▶ [Your goal]
Pictures stay out of this copy; please retype only the lines from the start of the records through the line with "1x horizontal medium, 1x horizontal small.".

###

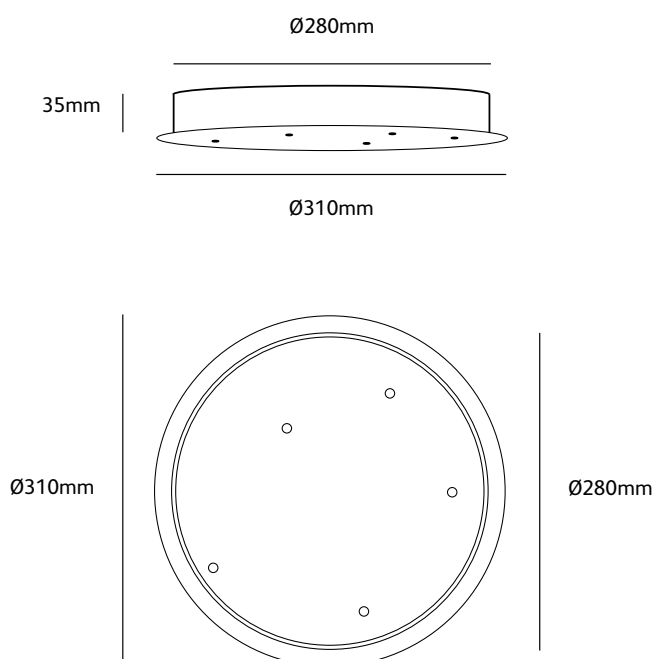

tubular

suspension set 5 light

Tubular driver box options set vertical & horizontal set 5.
Combination 1x vertical large, 1x vertical medium, 1x vertical small,
1x horizontal medium, 1x horizontal small.

Driver box	driver box round 5 light Øxh 310x35mm black (optional white)

Set 5 is available in option color and tower

TU.SU.SET.COL.5L	color 5 light

TU.SU.SET.TOW.5L	tower 5 light
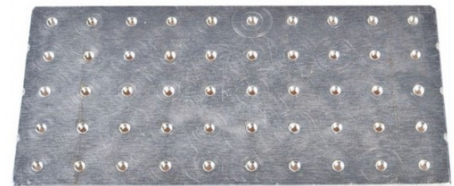

OPUS Sp. z o. o.
ul. Toruńska 8, 44-122 Gliwice

+48 32 420 11 11
kontakt@opus.pl
opus.pl

Accessory

Plate for fixing matrix with the screws - O.SCREW MATRIX BASE MPEMD+ / MP02 / GP5

Catalogue number: 662258

A plate with threaded holes which allows you to mount with screws a custom made matrices.

Description

A plate with threaded holes, dimensions: 100 × 200 mm, which allows you to fix with a screw to the custom made matrix. So prepared set needs to be installed in the master frame **O.MASTER FRAME GP5** or **O.MASTER FRAME MP02**.

Parameters

Brand	OPUS
-------	------

Gallery

Find a product on:

<https://en.opus.pl/plate-for-fixing-matrix-with-the-screws-o.screw-matrix-base-mpemd/-/mp02/-/gp5>

###

▶ [Reply to the exercise]
tubular

suspension set 5 light

Tubular driver box options set vertical & horizontal set 5.
Combination 1x vertical large, 1x vertical medium, 1x vertical small,
1x horizontal medium, 1x horizontal small.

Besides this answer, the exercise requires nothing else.